In EPIC-HR, of 59 PAXLOVID-treated subjects identified with post-treatment viral RNA rebound and with available viral sequence data, treatment-emergent substitutions in Mpro potentially reducing nirmatrelvir activity were detected in 2 (3%) subjects, including E166V in 1 subject and T304I in 1 subject. Both subjects had viral RNA shedding levels <LLOQ by Day 14.
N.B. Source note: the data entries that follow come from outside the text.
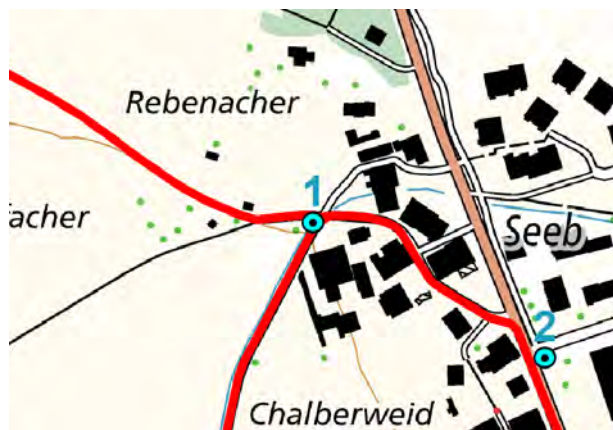

## Zürcher Wanderwege (ZAW)

Kanton  
Canton Zürich

LK-Nr.  
CN-No. 1071

Standort-Nr.  
Emplacement No. 68326001

Bezirk  
District ZH

Koordinaten  
Coordinates 683'452 / 260'731

H.ü.M.  
A.s.M. 436 m

Gemeinde  
Commune Winkel

Standort  
Emplacement \_VZ Winkel

GID-Nr.  
GID No. 293

beidseitig - des 2 côtés  
mont.: 05.02.2018

Standort - Emplacement

beidseitig - des 2 côtés  
mont.: 05.02.2018

beidseitig - des 2 côtés  
mont.: 12.05.2016

Planskizze:  
Esquisse  
du plan:

Schema:  
Schéma:

Bemerkung:  
Note:

Befestigung:  
Fixation:

Druckdatum/Date d'impression: 8.11.2020

Seite/Page 1

13.08.2019

Winkel Seeb  
Kloten
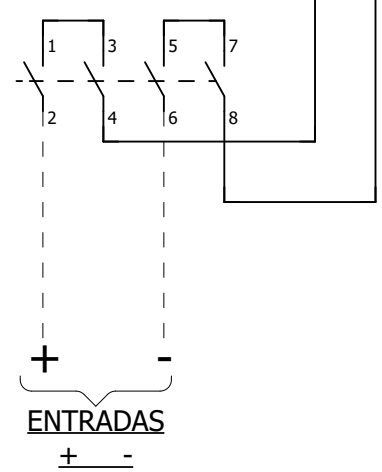

1 2 3 4 5 6 7 8

A
B
C
D
E
F

VISTA INTERNA

Notas		Cliente	Nº. Proauto ID 26430	Título LAYOUT INTERNO STRING BOX SB-1E-1S-1005VDC	Revisão 0
		Nº. Cliente			Folha 4 / 6

SC1
Seccionadora 32A
Tensão de Operação 1000Vcc
Corrente Max. 32A
4 Polos
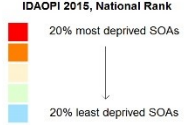

1. Sixpenny Handley E01020397
2. Allen Valley E01020396
3. Pamphill & Shapwick E01020410
4. Sturminster Marshall E01020409

5. Corfe Mullen Newtown & Environs E01020385
6. Corfe Mullen West & Environs E01020388
7. Corfe Mullen Springdale E01020387
8. Corfe Mullen Central E01020383
9. Corfe Mullen Henbury E01020382

10. Corfe Mullen Philipps E01020384
11. Corfe Mullen North E01020386
12. Wimborne Town Centre E01020428
13. Wimborne St Johns E01020426
14. Wimborne The Station E01020429
15. Wimborne Leigh Park E01020427
16. Colehill The Vineries E01020381
17. Greenhill & Fuzzehill E01020380
18. Colehill North E01020379
19. Colehill Cannon Hill E01020377
20. Colehill Canford Bottom E01020378
21. Colehill Hayes E01020407
22. Stapehill E01020408
23. Longham E01020399
24. Parley Cross E01020400
25. Parley E01020402
26. Ferndown Glenmoor E01020401
27. Ferndown Golf Links North E01020395
28. Ferndown Tricketts Cross East E01020393
29. Ferndown Tricketts Cross West E01020394
30. Ferndown St Marys E01020392
31. Ferndown the Warren E01020390
32. Ferndown Pinewood E01020391
33. Ferndown Coppice & Clayford E01020375
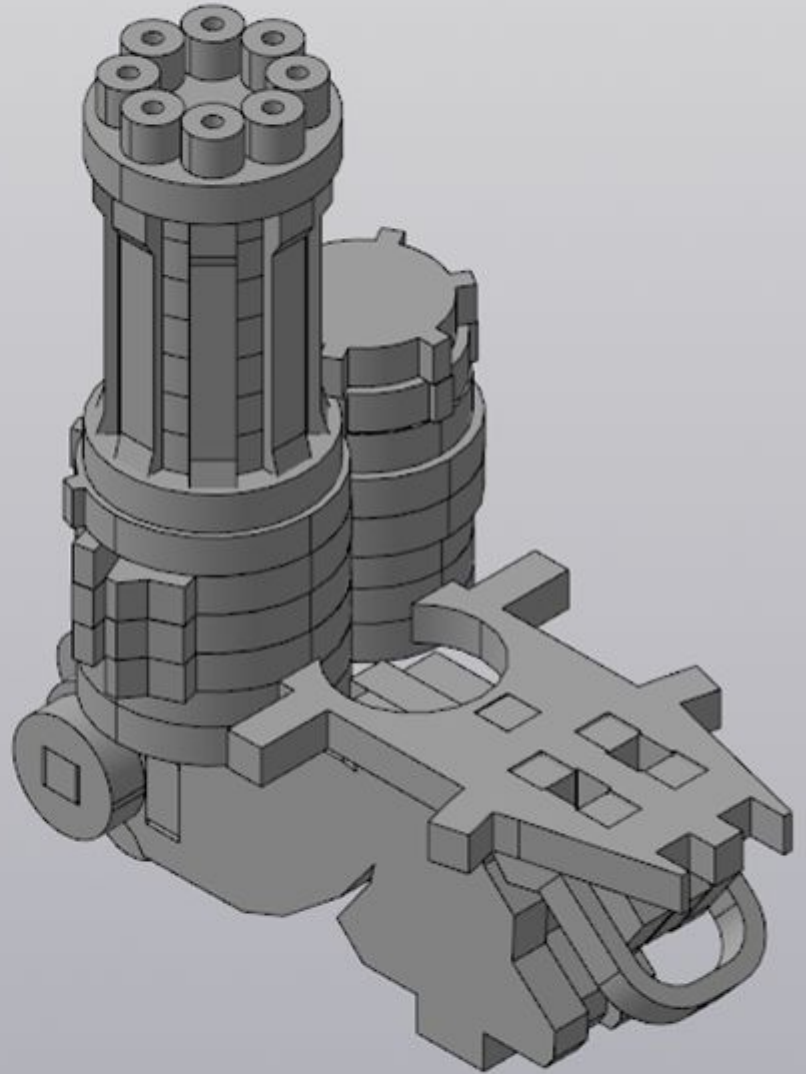

Процесс сборки  
проекта "Бастион"

Автор проекта: Кропоткин Дмитрий  
Александрович

Голова

X  
2

Миниган

X  
7

X  
8

○ X  
8

Topc

x  
2

x

2

X  
2

X  
2

X

4

Левая рука

x  
2

X  
4

x  
2

Финальная сборка

В одной из  
версий эта  
деталь может  
выглядеть так:
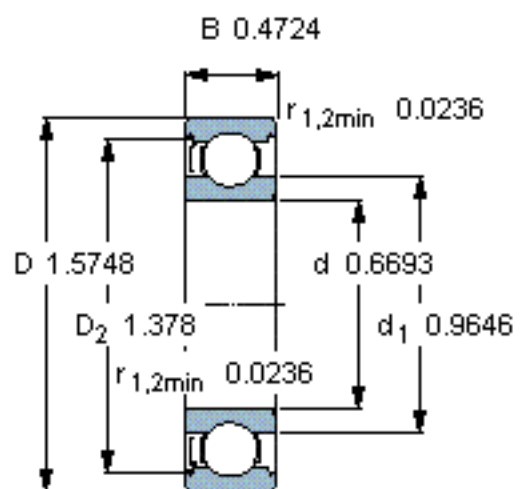

计算系数

k_r 0,025

f_0 13
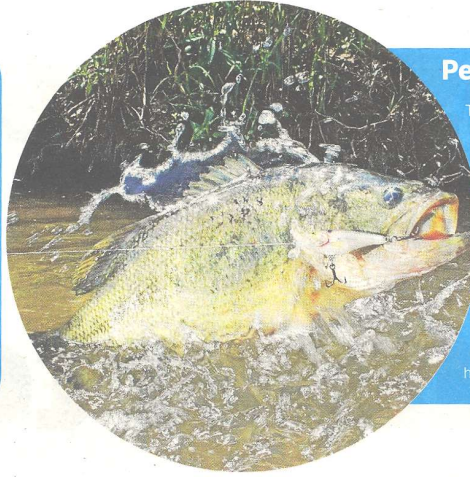

### Cerdo vietnamita

La expansión de los cerdos vietnamitas es un hecho por todo el Camp de Tarragona y también la ciudad. Todo apunta a que su origen en la zona surgió del abandono después de ser adquirido como mascota. Pese a que se ha evitado su cruce con jabalíes autóctonos, ha sido imposible dando lugar al 'cerdolí', una nueva especie invasora.

### Perca americana

También conocida como black bass es una especie nativa de Norteamérica que habita en el río Ebre, en el pantano de Ribarroja desde la década de los 50 para la pesca deportiva. Ha desplazado especies autóctonas por su gran poder de depredación. Con la aparición de nuevas especies invasoras como el siluro, el black bass se halla en su peor momento.

### Cucaracha americana

Campa por Tarragona y localidades portuarias y ribereñas como Tortosa. Es uno de los retos de ambas ciudades que llevan a cabo medidas para controlar su proliferación. Los problemas superan lo higiénico: pueden contaminar alimentos, incrementar el riesgo de enfermedades y generar alergias.

### Rana toro

Su nombre ha vuelto a los medios este verano tras la alerta de su reproducción en el Delta de l'Ebre, después que en 2012 se hallara un primer ejemplar controlado. Procede de Norteamérica y se encuentra entre las más nocivas del mundo. Las autoridades competentes están intentando aislarla para evitar su expansión.
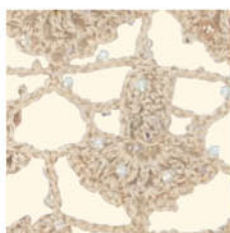

Tamborēšana

Klasiskās Krāsas
Ekskluzīvās Krāsas
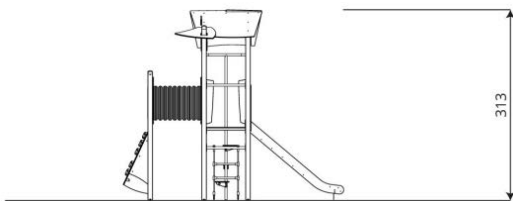

## Opties

Beschikbaar in kleur(en): Blauw, Bruin, Groen, Multicolour, Rood

Steel 1704  
ST1704

### Toestelspecificaties

Afmetingen toestel	3,7 x 3,1 m
Opvangzone	31,5 m <sup>2</sup>
Totaal hoogte	3,2 m
Valhoogte	2,2 m
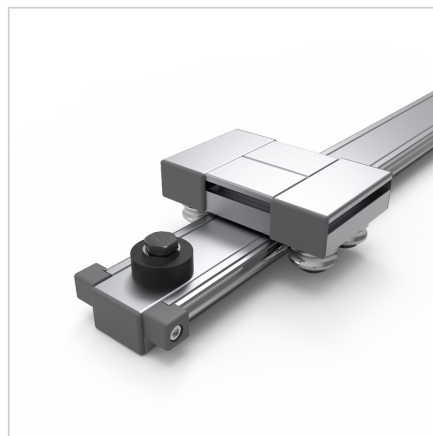

GUMI USTAVLJALEC 40

Šifra: 212301/0

Ustavljalec za vrata nudi močno in zanesljivo zaustavitev vrat v aluminijastih konstrukcijah, primeren za težje in večje elemente.

[Povezava do izdelka →](#)

Tehnični podatki / vključeni artikli

- NBR, črno
- Pritrdilni vijak iz jekla, brušen
- Matica in podložka iz jekla, galvanizirani
- S pomično matico M8
- Teža = 0,055 kg/kom

Uporaba

- Zavora za težka vrata, dolga vodila

Navodila za uporabo / način montaže

- Pripnite s kvadratno matico M6 v utor profila

Post-treatment viral RNA rebound was not associated with the primary clinical outcome of COVID-19 related hospitalization or death from any cause through Day 28 following the single 5-day course of PAXLOVID treatment. The clinical relevance of post-treatment increases in viral RNA following PAXLOVID or placebo treatment is unknown.

Cross-Resistance

Cross-resistance is not expected between nirmatrelvir and remdesivir or any other anti-SARS-CoV-2 agents with different mechanisms of action (i.e., agents that are not Mpro inhibitors).